Этот переворот является результатом той совокупности размышлений и практических действий, которые осуществляются на протяжении всего XVII века (от Сципиона де Граммона до Никола Барбона); эту совокупность определяют немного приблизительным термином «меркантилизм». Вошло в привычку характеризовать его как абсолютный «монетаризм», то есть как систематическое (или упорное) смешение богатств и металлических денег. Эта характеристика является поспешной. Действительно, «меркантилизм» устанавливает между ними не более или менее неясное тождество, а продуманное сочленение, делающее из денег инструмент представления и анализа богатств, а из богатств — содержание, представленное деньгами. Подобно тому как распалась старая кругообразная конфигурация подобий и примет, чтобы развернуться согласно двум соотносительным плоскостям представления и знаков, точно так же круг «драгоценного» разрывается в эпоху меркантилизма; богатства раскрываются как объекты потребностей и желаний; они разделяются и заменяются одни другими благодаря игре означающих их денежных знаков; и между деньгами и богатством устанавливается взаимосвязь в форме обращения и обменов. И если можно было уверовать в то, что меркантилизм смешивал богатство и деньги, то это, несомненно, потому, что для него деньги обладают способностью представлять любое возможное богатство, что деньги для него являются универсальным инструментом анализа и представления, что деньги охватывают без остатка всю сферу его действия. Любое богатство предстает как обратимое в деньги; и именно поэтому оно вступает в обращение. В соответствии с таким подходом можно сказать, что любое природное существо является характеризуемым, а поэтому оно может войти в таксономию; любая особь является именуемой, а поэтому она может войти в членораздельную речь; любое представление является означающим, а поэтому оно может войти, чтобы быть познанным, в систему тождеств и различий.

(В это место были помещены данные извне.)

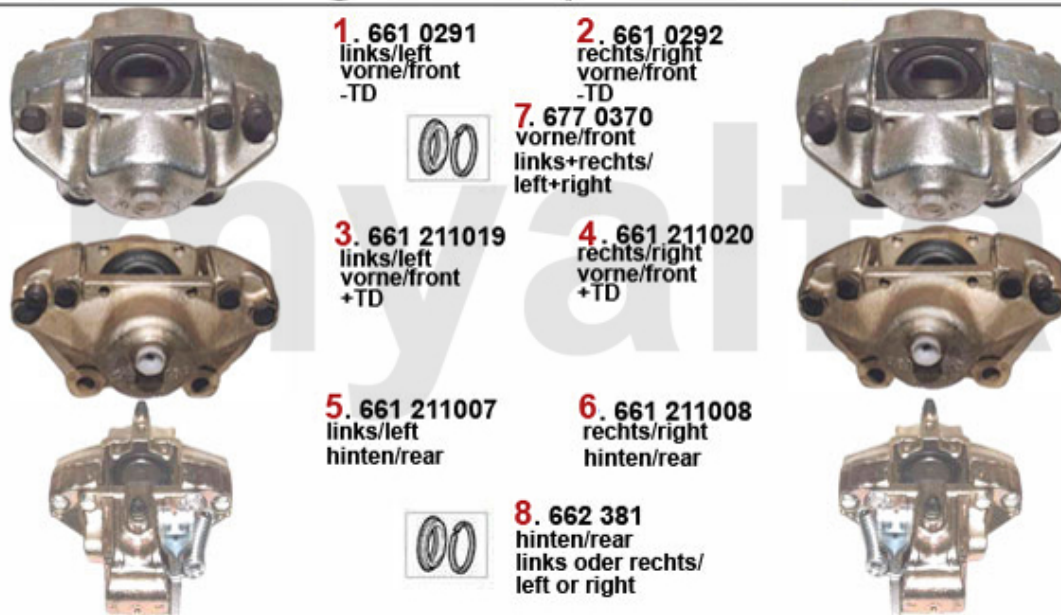

Bremszangen/Calipers Alfetta (116)

1. 661 0291
links/left
vorne/front
-TD

2. 661 0292
rechts/right
vorne/front
-TD

7. 677 0370
vorne/front
links+rechts/
left+right

3. 661 211019
links/left
vorne/front
+TD

4. 661 211020
rechts/right
vorne/front
+TD

5. 661 211007
links/left
hinten/rear

6. 661 211008
rechts/right
hinten/rear

8. 662 381
hinten/rear
links oder rechts/
left or right

1	6610291	Bremssattel 1300-1600 Bj.1964-85 vorne links, System ATE	1.853,84 SEK
2	6610292	Bremssattel 1300-1600 Bj.1964-85 vorne rechts, System ATE	1.853,84 SEK
3	66111019	Bremssattel vl 75 1.7/2.0 bj. 84-88 90 2.0 ie/2.4 TD bj. 84-87 Alfetta 2.0/2.4 TD Bj.79-8	2.272,45 SEK
4	66111020	Bremssattel vr 75 1.8/2.0 bj. 84-88 90 2.0 ie/2.4 TD bj. 84-87 Alfetta 2.0/2.4 TD bj. 79-8	2.272,45 SEK
5	66111007	Bremssattel hinten links, Alfetta/Giulietta/GTV 6 (116), 75, 90, Bremssystem: ATE	2.553,42 SEK
6	66111008	Bremssattel hinten rechts, Alfetta/ Giulietta/ GTV 6 (116), 75, 90, Bremssystem: ATE	2.553,42 SEK
7	6770370	Reparatursatz Bremssättel vorne System ATE	263,49 SEK
8	662381	Rep.-Satz Bremssattel hinten Ate Alfetta, Giulietta, GTV6 (116), 75, 90	542,24 SEK

Однако это требует более внимательного рассмотрения. Какие вещи среди всех существующих в мире вещей меркантилизм будет иметь возможность называть «богатствами»? Все те вещи, которые, будучи представимыми, являются к тому же объектами желания, то есть те, которые к тому же отмечены «необходимостью или пользой, удовольствием или редкостью».[225] Но можно ли сказать, что металлы, служащие для изготовления монет (речь здесь идет не о биллоне,[226] служащем лишь в качестве дополнительного денежного средства в некоторых местностях, но о металлических деньгах, используемых во внешней торговле), составляют часть богатств? Золото и серебро обладают лишь весьма небольшой полезностью — «постольку, поскольку они могли бы быть использованы в быту»; и как бы они ни были редки, их изобилие все еще превышает их количество, требуемое для такого использования. Если же их разыскивают, если люди считают, что их им всегда не хватает, если они роют шахты и развязывают войны ради их приобретения, то это потому, что изготовление из них золотых и серебряных монет придало им полезность и редкость, какими эти металлы сами по себе не обладают. «Деньги заимствуют свою ценность не у вещества, из которого они состоят, но лишь у формы, являющейся образом или знаком Государя».[227] Золото потому является драгоценным, что оно служит деньгами, но не наоборот. Отношение, прочно зафиксированное в XVI в., перевертывается: деньги (вплоть до металла, из которого они изготовлены) получают свою ценность благодаря чистой функции знака. Это влечет за собой два следствия. Прежде всего, ценность вещей не проистекает больше от металла. Она устанавливается сама собой, без соотнесения с деньгами, согласно критериям полезности, удовольствия или редкости, то есть вещи обретают стоимость благодаря их взаимным отношениям; металл лишь позволяет представить эту стоимость, как имя существительное представляет собой образ или идею, но не образует их: «золото — это только знак и привычное средство выявления стоимости вещей; но истинная оценка оной имеет своим источником суждение человека и ту способность, которую называют оценочной».[228] Богатства являются богатствами потому, что мы их оцениваем, как наши идеи есть то, что они есть, потому, что мы их себе представляем. Сюда же, кроме того, добавляются денежные или словесные знаки.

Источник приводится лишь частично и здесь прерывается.